To address this, Miguel creates an intentionally defective grantor trust and transfers the business’s ownership to the trust, which is structured so that Miguel is considered the owner for income tax purposes but not for estate tax purposes. 

Miguel sells the business to the IDGT in exchange for a promissory note of $22 million, which states that the trust will pay Miguel that amount over time from the income generated within the trust. Since it was a sale, there are no gift taxes due on the transfer. Additionally, since the payments made by the trust are not considered gifts, they don’t use up any of Miguel’s gift tax exemption. 

Because Miguel continues to pay taxes on income generated by the trust, the trust assets are able to grow without being diminished by income taxes, increasing the wealth that will be passed to his children. Over time, the business appreciates to be worth $30 million. Since the appreciation happens within the trust, the additional $8 million isn’t included in Miguel’s taxable estate. 

When Miguel eventually passes away, the business won’t be considered part of his estate for estate tax purposes, allowing the full value to pass to his children without estate taxes.  

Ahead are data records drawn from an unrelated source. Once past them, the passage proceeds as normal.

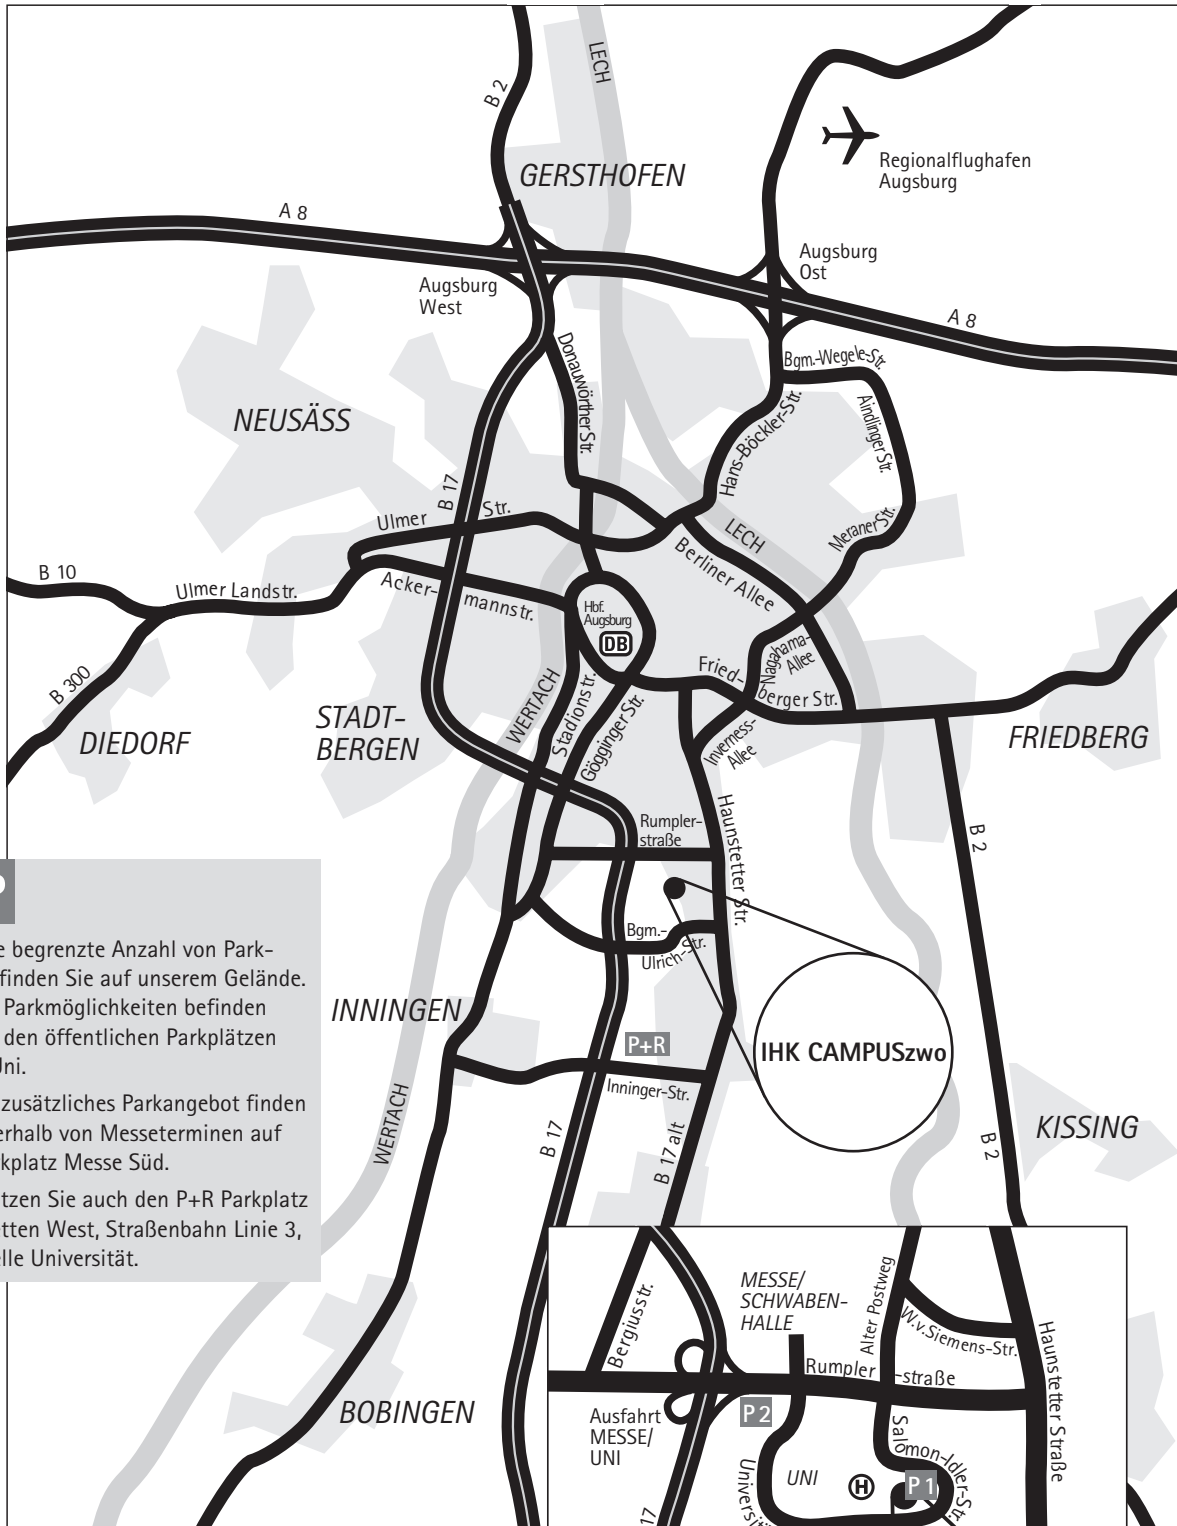

# AUGSBURG

### P

**P1** Eine begrenzte Anzahl von Parkplätzen finden Sie auf unserem Gelände. Weitere Parkmöglichkeiten befinden sich auf den öffentlichen Parkplätzen an der Uni.

**P2** Ein zusätzliches Parkangebot finden Sie außerhalb von Messeterminen auf dem Parkplatz Messe Süd.

**P+R** Nutzen Sie auch den P+R Parkplatz Haunstetten West, Straßenbahn Linie 3, Haltestelle Universität.

IHK Akademie Schwaben  
 IHK CAMPUSzwo  
 Salomon-Idler-Straße 30  
 86159 Augsburg  
 Straßenbahn:  
 Linie 3: Haltestelle Universität
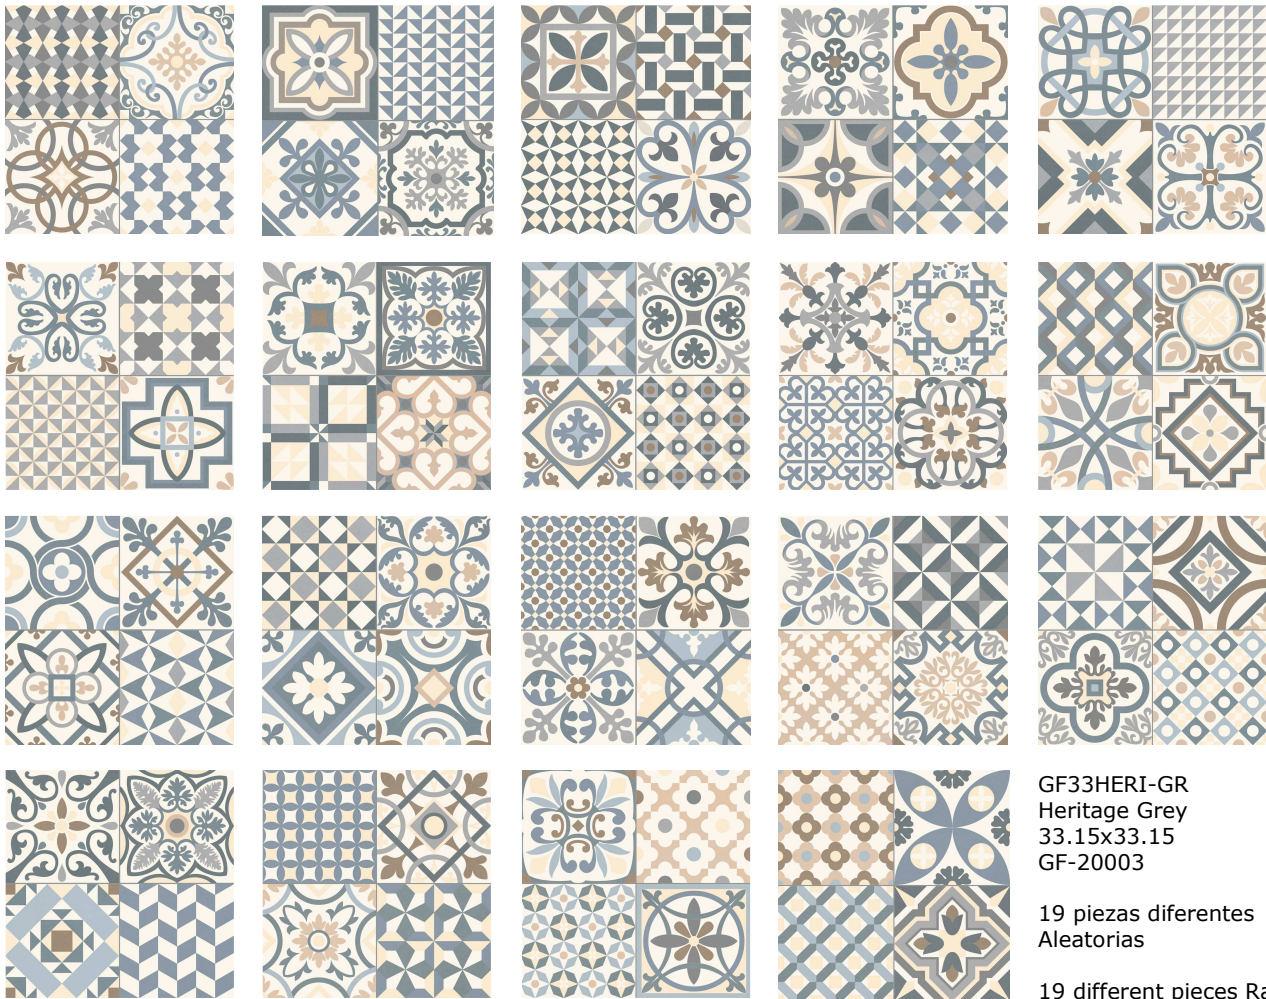

GF32HERI-GR
Heritage Grey
32x62,5
GF-20073

GF33HERI-GR
Heritage Grey
33.15x33.15
GF-20003

19 piezas diferentes
Aleatorias

19 different pieces Random
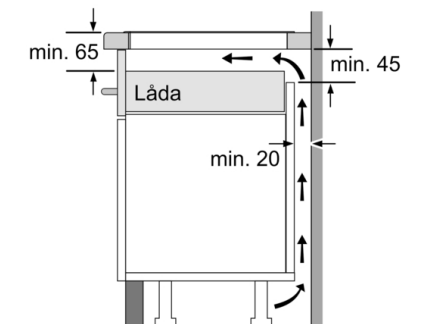

Installation

- Dimensioner (HxBxD mm): 51 x 710 x 527
- Nischstorlek som krävs för installation (HxBxD mm) : 51 x 560 x (490 - 500)
- Minsta tjocklek på bänkskiva: 16 mm
- Anslutningseffekt: 6900 W
- PowerManagement funktion: begränsa den maximala effekten om det är nödvändigt (beror på säkringsskydd vid elektrisk installation).
- Strömkabel: 1.1 m, Kabel ingår

Serie 6, Induktionshäll, 70 cm, Svart PVS775FC5E

①
Det måste finnas en ventilationspringa

Mått i mm

Mått i mm

Mått i mm
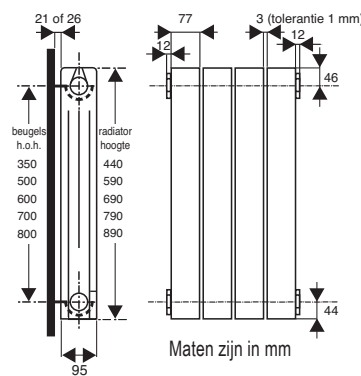

=uit voorraad leverbaar

STANDAARD AANSLUITINGEN 1 T/M 4:

SPECIALE AANSLUITINGEN 5 T/M 8:

Bij aansluitingen 5 t/m 8: siliconen stop gelijktijdig met radiator bestellen (Art.nr. 900573)

LEGENDA

- aanvoer
- retour
- aansluitcode
- siliconenstop

- = Hoogte: 440, 590, 690, 790 en 890 mm.
- = Lengte: 264, 344, 424, 504, 584, 664, 744, 824, 904, 984, 1064, 1144, 1304, 1464, 1624, 1784, 1944, 2104, 2264, 2424, 2584, 2744, 2904 en 3064 mm.
- = Dieptes: D1: Diepte radiator: 95 mm.
  D2: Afstand vanaf de muur tot voorkant radiator: 116 of 121 mm.
  D3: Afstand vanaf de muur tot het hart van de aansluiting: 67 of 72 mm.
- = Aansluitset: DRL VIP altijd gelijktijdig bestellen (Art.nr. 900001).
  Inhoud: 2 x verloopring links 1"x 1/2" incl. witte siliconenpakking, 2 x verloopring rechts 1"x 1/2" incl. witte siliconenpakking, 4x praktische ophangbeugel, 1 x ontluchter, 1 x aftapper.
- = Siliconenstop: Bij speciale aansluitingen 5 t/m 8, siliconenstop gelijktijdig bestellen. (Art.nr. 900573).
- = Ophangbeugels: Vanaf grotere lengtemaat dan 1784 mm. extra set ophangbeugels bestellen (Art.nr. 900004).

- = Kleur: Standaardkleur RAL 9010 (gepoedercoat met ecologisch poeder). Tevens leverbaar in alle RAL-kleuren, Pergamon en Metaal tegen een meerprijs. Bekijk de DRL DESIGN COLORS kleurenkaarten achterin.
- = Kranensets: Bekijk ook de gehele serie DRL DESIGN KRANENSETS.
- = Accessoires: Bekijk ook de gehele serie DRL ALUMINIUM radiatoren ACCESSOIRES. De artikelen met achtergrond aangeduid, zijn uit voorraad leverbaar bij DRL Products. Alle overige modellen uit de lijsten zijn als speciale bestelling verkrijgbaar: levertijd, mits op voorraad, max.10 werkdagen. 5 jaar fabrieksgarantie, m.u.v. toepassing in natte ruimtes; hiervoor model VIP XTREME toepassen.
- = Garantie: Via het internet snel, eenvoudig en foutloos selecteren.
- = SnelSelect: U kunt het SnelSelect-programma gebruiken via www.snelselect.nl

6. When would you use a spousal lifetime access trust? 

A spousal lifetime access trust (SLAT) is a type of irrevocable trust created by one spouse for the benefit of the other spouse. Typically, a SLAT is used to remove assets from the couple’s taxable estate while ensuring they still have access to the assets during their lifetime. 

SLAT example scenario

Alexander and Janae are a married couple in their mid-fifties with three children. Janae owns a successful business and significant other investments, and the couple has a combined net worth of $25 million. Alexander and Janae are worried about the exemption sunset slated for 2026, and want to come up with a plan that will shield their future heirs from estate tax liability while allowing them to maintain access to their assets during their lifetimes if needed. 

This leads Janae to create a spousal lifetime access trust (SLAT) with Alexander as the beneficiary. She transfers $12 million of her assets into the SLAT, removing them from her taxable estate. By funding the SLAT, Janae uses the majority of her lifetime gift tax exemption. If the gift tax exemption rate decreases in the future, she has locked in the current higher exemption.

Since Alexander is the primary beneficiary of the SLAT, he can receive distributions from the trust as needed. This provides the couple with the security of knowing they can access their funds if needed (with Janae having indirect access through Alexander), and ensures Alexander is provided for financially if something happens to Janae. 

The SLAT is structured so that, after both spouses have passed away, the funds pass to their children.

The information provided here does not constitute legal, financial, or tax advice. It is provided for general informational purposes only. This information may not be updated or reflect changes in law. Please consult with an estate attorney, financial advisor, or tax professional who can advise as to your particular situation.